北海道札幌市で空調機器のメンテナンス業を展開する日美装建株式会社では、いかにして主要業務である業務用エアコンの点検を効率化・省人化するかが重要課題となっていました。同社はIT化やデジタル活用を積極的に推進し、順調に新規顧客数を伸ばしていたものの、事業拡大に伴って点検業務や巡回、故障への対応といった業務負担の増加が問題となっていたのです。

そこで同社は保守点検業務の効率化を目的として、IoTに強いSIreの協力を得て空調IoT管理システム「AIR NOTE」を開発します。AIR NOTEは、エアコン機器の稼働状況や室内の空気の汚れなどIoTセンサーが検知するソリューションであり、現場で計測したデータをネットワーク経由で収集・分析することで保守点検の業務を大幅に軽減できます。これにより、年間3回の点検頻度を年間1回にまで削減し、さらに故障頻度の大幅な軽減に成功したのです。

ダムの点検を高度化

日立三菱水力株式会社と株式会社日立製作所、そして株式会社日立産機システムは、3社協働のもとで岩手県企業局の四十四田発電所の保守点検業務に対し、IoTや自走ロボットなどのデジタル技術を活用したスマート化を推進しています。水力発電所の多くは交通の不便な場所にあるため、保守点検業務における作業者の負担が大きく、なおかつ熟練工の知見に依存しがちな傾向にあります。
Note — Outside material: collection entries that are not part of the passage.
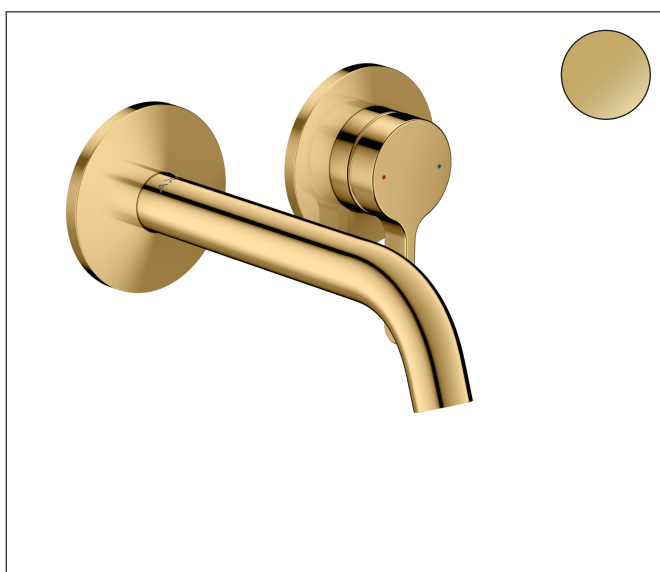

Merk	AXOR
Artikelnaam	AXOR One wastafelkraan wand inbouw met rechte greep en voorsprong 160 mm
Art.nr.	48170990
Oppervlakte	Polished Gold Optic
Netto prijs	625,42 EUR

Product foto

Kenmerken

- voorsprong uitloop 160 mm
- greepvariant: rechte greep
- vaste uitloop
- straalsoort: normale straal
- maximale doorstroomhoeveelheid bij 3 bar: 5 l/min
- keramisch kardoes
- zonder wastegarnituur, met afvoerplug (art.nr. 50001)
- de greep kan rechts of links worden geplaatst, afhankelijk van de montage van het inbouwdeel
- EU taxonomie: max 6l/min - draagt substantieel bij aan duurzaamheid

Maat tekeningen

Technologie

Certificaat

Merk	AXOR
Artikelnaam	AXOR One wastafelkraan wand inbouw met rechte greep en voorsprong 160 mm
Art.nr.	48170990
Oppervlakte	Polished Gold Optic
Netto prijs	625,42 EUR

Benodigde onderdelen

Product foto	Artikelnaam	Art.nr.	Prijs
	AXOR Inbouwdeel ééngreeps wastafelmengkraan wandmontage	13623180	244,65

Merk AXOR
Artikelnaam **AXOR One** wastafelkraan wand inbouw met rechte greep en voorsprong 160 mm
Art.nr. 48170990
Oppervlakte Polished Gold Optic
Netto prijs 625,42 EUR

Stroomschema

Merk	AXOR
Artikelnaam	AXOR One wastafelkraan wand inbouw met rechte greep en voorsprong 160 mm
Art.nr.	48170990
Oppervlakte	Polished Gold Optic
Netto prijs	625,42 EUR

Explosietekening voor bouwjaar: >06/25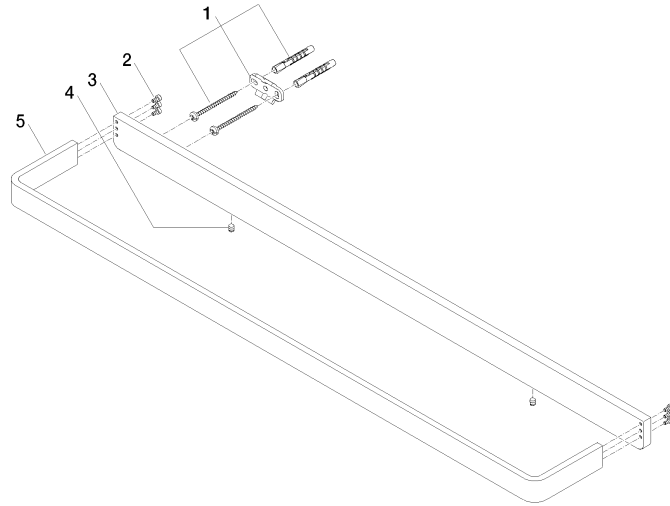

Towel bar

83 070 710

- gauge 400 mm
- width 704mm
- height 35 mm
- 100 mm projection

Chrome

83 070 710-00

Brushed Platinum

83 070 710-06

Towel bar

83 070 710

mm [inches]
M 1:10

Towel bar

83 070 710

Parts for other
finishes can be found
here: [Brushed](#)
[Platinum](#)

Spare parts list

No.	Item Number	Name	Quantity used	Delivery time
1	05 17 20 717 00 90	fixing set	2	2
2	90 30 30 059 00 90	screw	2	2
3	08 17 71 501-00	holder	1	60
4	04 31 11 112 00 90	pin	2	2
5	08 17 71 551-00	holder	1	60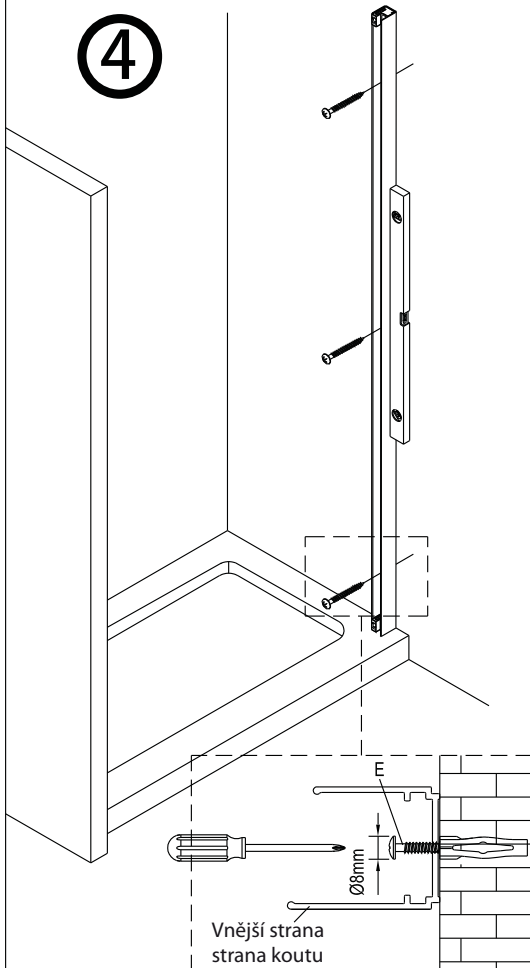

Swiss
Aqua
Technologies

Instalační návod
Inštalacný návod
Mounting Instruction
Montageanleitung
Инструкция по установке

SIKOTEXL80CRT
SIKOTEXL90CRT
SIKOTEXL100CRT

A 2X	B 1X	C 2X	D 1X	E 3X ST4X40	F 6X	G 1X	H 2X	I 1X	J 3X
K 4X	L 1X	M 3X ST4X40	N 2X	O 2X	P 2X				

①

②

3

	A(mm)
SIKOTEXL80CRT	770~810
SIKOTEXL90CRT	870~910
SIKOTEXL100CRT	970~1010

Poznámka: Vnitřní strana koutu - Easy Clean

4

5

6

7

8

9

10

11

	A(mm)
SIKOTEXP80CRT / SIKOTEXL80CRT	771~791
SIKOTEXP90CRT / SIKOTEXL90CRT	871~891
SIKOTEXP100CRT / SIKOTEXL100CRT SIKOTEXD100CRT	971~991

	B(mm)
SIKOSTENATEXD80	769~789
SIKOSTENATEXD90	869~889
SIKOSTENATEXD100	969~989

SIKOTEXD120CRT	1171~1191
SIKOTEXD140CRT	1371~1391

Poznámka: Vnitřní strana koutu
- Easy Clean

2

3

④

このような課題を解決する一助となるのがIoTやAIなどの技術革新です。岩手県企業局の四十四田発電所は保守点検業務のスマート化に向け、カメラ機能やマイク機能を搭載したIoTセンサーを用いて設備保全の遠隔操作を取り入れました。また、自律走行型の巡視ロボットを導入することで固定センサーの死角を監視し、ダム点検の高度予知保全を実現しつつ、人的負担を減らしながら点検の高度化を成し遂げています。

まとめ

保守点検業務とは、生産設備の安定稼働を担保するための点検やメンテナンスといった業務領域を指します。工作機械や産業機械の稼働状況が付加価値の創出に直結する製造分野では、いかにして保守点検業務を効率化・省人化するかが重要な経営課題といえるでしょう。少子高齢化に伴って人材不足や就業者の高齢化が進む製造分野では、IoTやAIなどのデジタル技術を活用し、熟練工の技術や知識に依存しない生産体制の構築が求められます。